### Activity
Report back every line in the data that includes the string "sous".

### Stored data entries
────
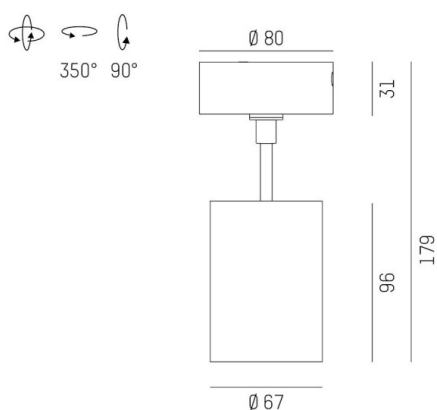

## DASH 2

599-105010423040

DASH 2 SD SPOT EN SAILLIE en aluminium, gris, RAL 9006, réflecteur haute efficacité, métallisé sous vide, en aluminium accessoire: verre, angle de rayonnement 40°, émission direct, UGR <19, rotatif sur 350°, pivotant sur 90°, avec driver, gradation: non dimmable, adaptateur/patère gris, IP20

## ILLUSTRATION

## DONNÉES TECHNIQUES

Puissance système [W]	10
Source lumineuse	LED
Flux lumineux [lm]	510
Température de couleur [K]	2700K
IRC	>90
UGR	<19
Optique	réflecteur métallisé sous vide en aluminium
Driver	avec driver
Gradation	non dimmable
Emission de lumière	direct
Angle de rayonnement [°]	40°
Tension [V]	220-240V 50/60Hz
Matériel	aluminium
Longueur [mm]	80
Hauteur [mm]	179
Diamètre [mm]	67
Indice de protection (IP)	IP20
Classe de protection	classe de protection I
Indice de résistance aux chocs	IK01
Poids net [kg]	1,08
Couleur luminaire	gris
RAL	9006
Couleur adaptateur/patère	gris
N° EAN	9010506800852
Durée de vie [h]	L80 B10 20 000
Cl. d'efficacité énergétique	G
Nbre luminaires B16A	200

## COURBE PHOTOMÉTRIQUE

Les valeurs indiquées sont des valeurs assignées. La puissance et le flux lumineux sous soumis à une tolérance d'environ 10 %. Tolérance de la température de couleur : +/- 150 K. Sauf indication contraire, les valeurs s'appliquent à une température ambiante de 25 °C.
────
### Response area
DASH 2 SD SPOT EN SAILLIE en aluminium, gris, RAL 9006, réflecteur haute efficacité, métallisé sous vide, en aluminium accessoire: verre, angle de rayonnement 40°, émission direct, UGR <19, rotatif sur 350°, pivotant sur 90°, avec driver, gradation: non dimmable, adaptateur/patère gris, IP20
Optique	réflecteur métallisé sous vide en aluminium
Les valeurs indiquées sont des valeurs assignées. La puissance et le flux lumineux sous soumis à une tolérance d'environ 10 %. Tolérance de la température de couleur : +/- 150 K. Sauf indication contraire, les valeurs s'appliquent à une température ambiante de 25 °C.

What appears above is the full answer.